▶ **REQUIRED ACTION**
From the entries below, copy every line that has the word "Attach".

[Stored items from a collection]
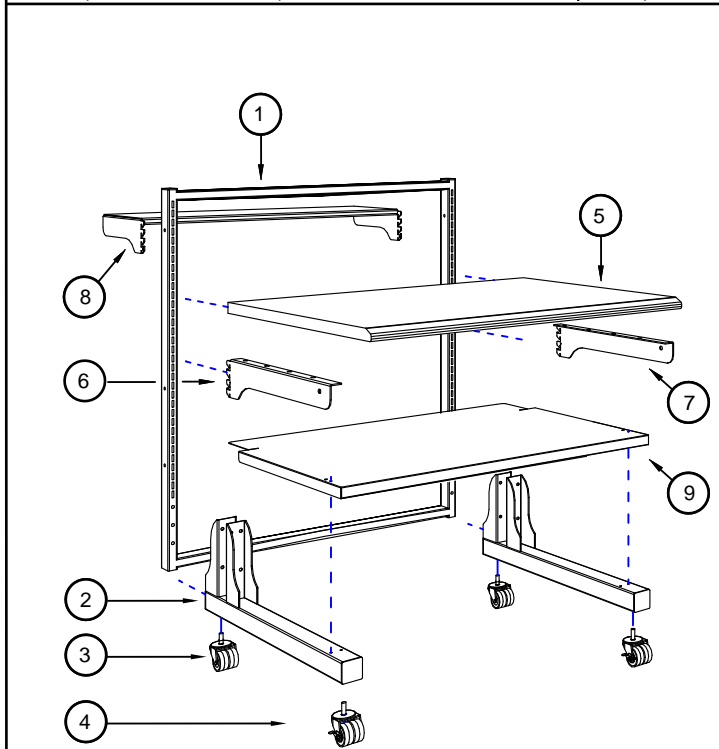

Item #	Illustration	Part Number	Qty.
1		10-00042-360 Frame 42"H x 36"W	1
2		11-00010-000 Leg 2" x 2" x 30"	2
3		28-00010-000 Caster	2
4		28-00012-000 Lockable Caster	2
5		13-00030-360 Desktop 36"W x 30"D	1
6		13-00810-000 Desktop Bracket Left	1
7		13-00812-000 Desktop Bracket Right	1
8		14-00316-360 Book Shelf Down Brkts. 36"W x 12"D	1
9		14-00520-360 Leg Mounted Floor Shelf 36"W x 25"D	1

A Attach Caster to Legs as shown

B Attach Legs to Frame 2-3/4" Hex Hd. Bolts

C Attach the Desktop to the Desktop Brackets 1" x 1/4-20 Screw

D Attach the Leg Mounted Floor Shelf to Legs 3-1/2" Hex Hd. Bolt & Nut

▶ **EXPECTED ANSWER**
A Attach Caster to Legs as shown
B Attach Legs to Frame 2-3/4" Hex Hd. Bolts
C Attach the Desktop to the Desktop Brackets 1" x 1/4-20 Screw
D Attach the Leg Mounted Floor Shelf to Legs 3-1/2" Hex Hd. Bolt & Nut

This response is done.